Statement on Special Accommodations
Students with disabilities who need special accommodations for this class are encouraged to meet with me or the appropriate disability service provider on campus as soon as possible. In order to receive accommodations, students must be registered with the appropriate disability service provider on campus as set forth in the student handbook and must follow the University procedure for self-disclosure, which is stated in the University Guide to Services and Accommodations for Students with Disabilities. Students will not be afforded any special accommodations for academic work completed prior to the disclosure of the disability, nor will they be afforded any special accommodations prior to the completion of the documentation process with the appropriate disability office.
R
We will use R, a programming language for statistical computing, throughout the semester for in-class activities and homework assignments. I will cover the relevant features of R throughout the course.
You can access R from any web accessible computer using RStudio Cloud. You will need to create an account on RStudio Cloud from their Registration page. I will send out a link via email for you to join a Space on RStudio Cloud for this course. Resources for homeworks, labs, etc., will be hosted on RStudio Cloud for easy access.
You can also install R on your personal computer, if you have one. You can install R by following the instructions for Windows here, for macOS here, or for Linux here. You will also want to install RStudio, and Integrated Development Environment for R, which you can find here.
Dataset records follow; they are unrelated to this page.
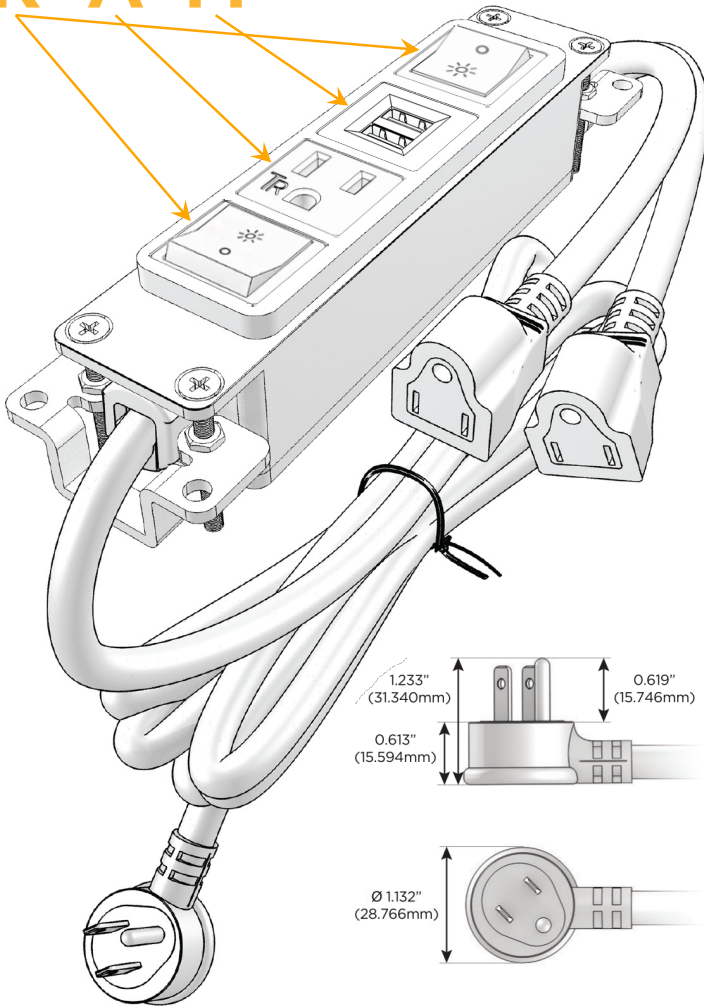

M-POWER-4T

AC POWER & DATA CONNECTIVITY SOLUTION

M-POWER-4TW-RAMR-BRAAB

Specs:

Modules/Ports:

- **R** Switched AC (Rocker Switch)
- **A** Tamper Resistant AC Receptacle
- **M** Double USB-A (Fast Charging Ports - 18W)

R A M
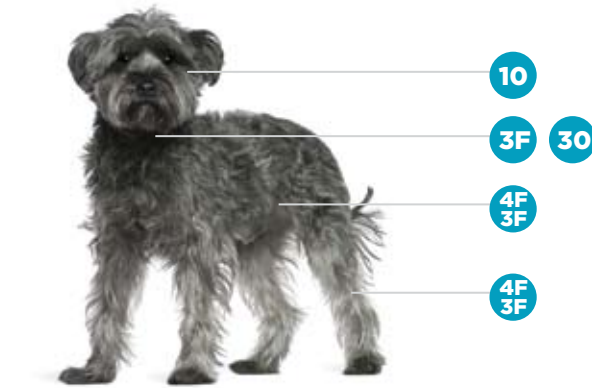

MIXED BREEDS (CURLY COAT)

Body & legs	4F or 3F
Face (poodle style)	10, Oster® shears
Face (teddy bear style)	3F or 30 with 3/4" or 1" UC*
Tail	Oster® shears
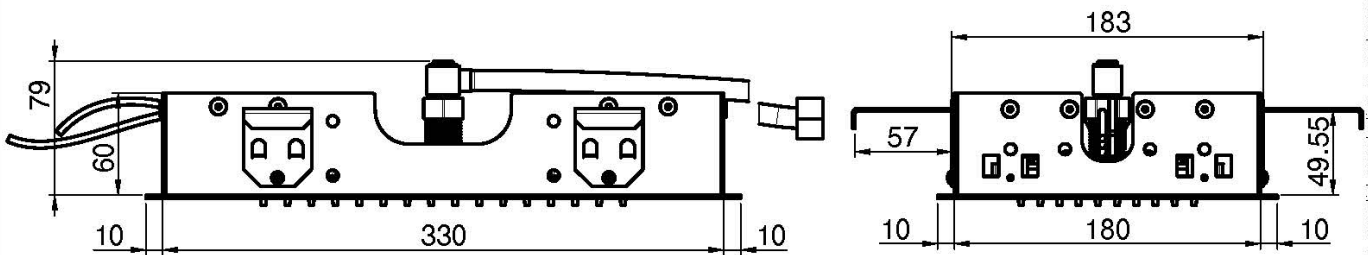

This drawing is the property of FIMA Carlo Frattini. Any complete or partial reproduction, or any transmission to third party without FIMA Carlo Frattini authorization is forbidden.
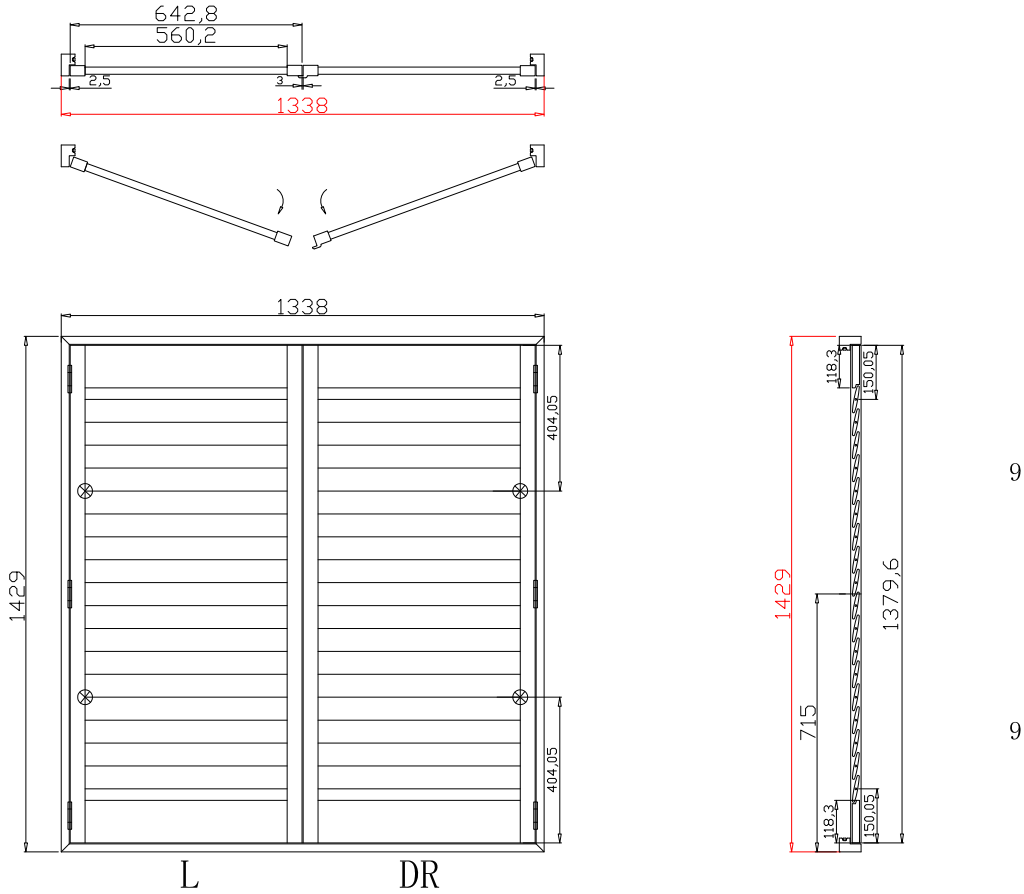

Configuration(窗扇结构): L, IN, 4Side, 41.3mm Butt, Deep Plain L Frame 60mm

Tilt rod type(拉杆类型): Easy tilt rod(齿条拉杆)

Louvre Quantity(叶片数量): 18

Louvre Size(叶片尺寸): 358.3mm

Rail Size(上下板尺寸): 410mm

Order No(订单号): ABC 48730 HENDERSON

Item(序号): 1

Room(房间号):

Louvre Size(叶片类型): 76mm

Deep Plain L Frame 60mm

Light Bar: 8*25*500 (mm) *2
8*25*1400 (mm)

Timeless White(覆盖色)

NOTES:

Shutter Color: Timeless White(覆盖色)

Louvre Size(叶片尺寸): 558.5mm

Rail Size(上下板尺寸): 610.2mm

Order No(订单号): ABC 48730 HENDERSON

Item(序号): 2

Room(房间号):

Louvre Size(叶片类型): 76mm

Deep Plain L Frame 60mm

9

Louvre Quantity(叶片数量): 18

Louvre Size(叶片尺寸): 355.3mm

Rail Size(上下板尺寸): 407mm

Order No(订单号): ABC 48730 HENDERSON

Item(序号): 3

Room(房间号):

Louvre Size(叶片类型): 76mm

Deep Plain L Frame 60mm
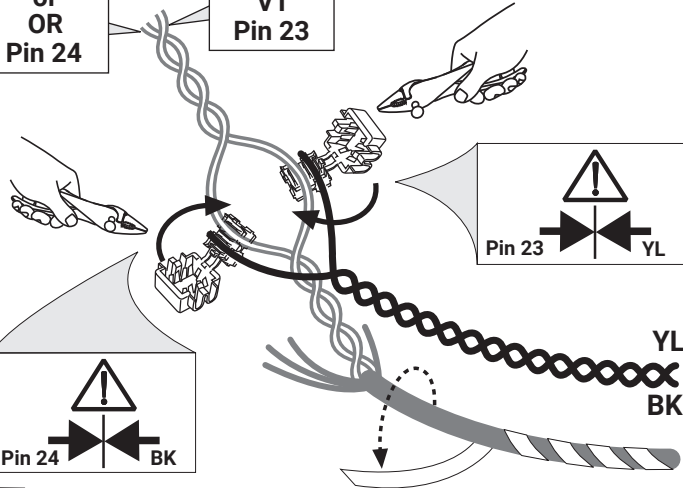

34

Option 2

Captur

35

Option 2

36

Option 2

NOTE!

CAN-Data wire colours may vary from those shown below.

Important! Please note informations in picture 1!

CAN-Data Wire

BR or VT
Beige or OR

Beige or OR
Pin 24

BR or VT
Pin 23

BK 40-pin

37

Option A

Clio IV Grandtour

Clio IV

38

Option B

Clio IV Grandtour

Clio IV

39

Option A

Captur

40

Option B

Captur

41

Option 2

48
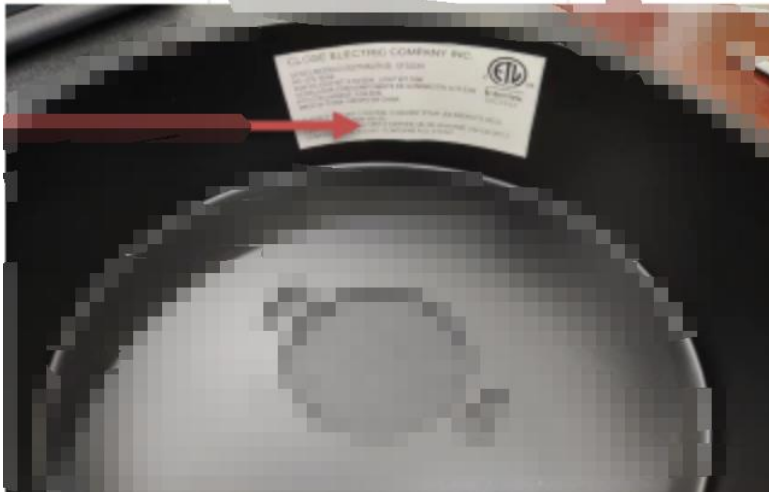

二.铭牌标: 60*35mm 银底黑字 Nameplate logo: 60 * 35mm silver bottom black characters

GLOBE ELECTRIC COMPANY INC.

FCC WARNING:
This device complies with part 15 of the FCC Rules. Operation is subject to the following two conditions: (1) This device may not cause harmful interference, and (2) this device must accept any interference received, including interference that may cause undesired operation.

GLOBE ELECTRIC COMPANY INC.

MODEL/MODELO GE27109(27109)

AC 120V 60HZ EFS2310

FAN W/LIGHT KIT: 0.7A 53W, LIGHT KIT: 18W

VENTILADOR CON COMPONENTE DE ILUMINACIÓN: 0.7A 53W

KITS D'ÉCLAIRAGE: 0.5A 18W

MADE IN CHINA/HECHO EN CHINA

SUITABLE FOR DRY LOCATION / CONVIENT POUR LES ENDROITS SECS.

CAN ICES-005 (B)/NMB-005 (B)

CERT. TO CSA STD C22.2#113/ CERTIFIÉ SELON LA NORME CSA C22.2#113

CONFORMS TO UL STD.507 / CONFORME À UL STD.507

FCC ID: 2AQUQGE27109 IC: 8290A-GE27109

FCC WARNING:

This device complies with part 15 of the FCC Rules. Operation is subject to the following two conditions: (1) This device may not cause harmful interference, and (2) this device must accept any interference received, including interference that may cause undesired operation.
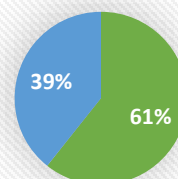

Do you currently use other dog parks?
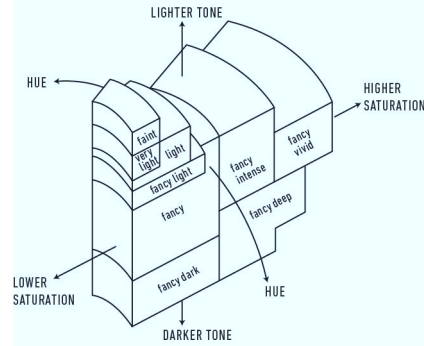

 Carat Weight **0.18 carat**

 Color Grade **Fancy Light Gray-Blue**

 Color Origin **Natural**

 Color Distribution **Even**

Inscription(s): GIA 2185918332

ADDITIONAL INFORMATION
**GIA COLORED
DIAMOND
SCALE**

Illustration of GIA fancy color grade interrelationships

The results documented in this report refer only to the diamond described, and were obtained using the techniques and equipment used by GIA at the time of examination. This report is not a guarantee or valuation. For additional information and important limitations and disclaimers, please see www.gia.edu/terms or call +1 800 421 7250 or +1 760 603 4500. ©2014 Gemological Institute of America, Inc.

We will use R as a scripting language and statistical calculator, and thus will not get into the nitty-gritty of programming in R. The R Tutorial by Kelly Black is a good reference for the basics of using R. I will demonstrate R's functionality in class and handouts as we need it.
Anki
You may use Anki for spaced retrieval practice throughout the semester. Anki is open-source, free (as in both gratis and libre) software. You can download Anki to your personal computer from this link. If you have ever used flashcards, then Anki should be fairly intuitive. If you would like more details you can find Anki's User Manual here.
Anki decks will be provided after each class covering the material that I expect you to know for homework assignments, exams, data analysis projects, etc. You may also want to make your own Anki cards.
Schedule
Subject to revision. Assignments and solutions will all be linked here, as they are available. All readings are from the textbook by Kutner, Nachtsheim, and Neter unless otherwise noted.
- September 3, Lecture 1:
- Topics: Statistical modeling. Drawing lines through scatter plots. Which line did it best? Statistical models as data summaries. Statistical models as stories about populations. Sources of uncertainty in inference: sampling variability, measurement error, and chance.
- Sections: 1.1, 1.2, 1.4
- Learning Objectives
- Homework 1. Due Lecture 4
- September 6, Lecture 2:
- Topics: Introduction to R. Exploratory data analysis with R. Histograms, scatter plots, and smoothers. R Markdown and knitr. Basics of LaTeX (with Pointer to MathPix).
- Sections: Handout
- Learning Objectives
- Lab 1. Due Lecture 3
- September 10, Lecture 3:
- Topics: Simple linear regression. The least-squares line, and hints at its derivation. Simple linear regression with a random sample from a population. Stories we tell: the simple linear regression with Gaussian noise (SLRGN) model.
- Sections: 1.3, 1.6, 1.7, 1.8
- Learning Objectives
- Ordinary Least Squares Demo
- Simple Linear Regression Schematic Demo
- September 13, Lecture 4:
- Topics: Checking the assumptions of the simple linear model. Residual plots. Out-of-sample generalization. Transformations to handle violations of assumptions.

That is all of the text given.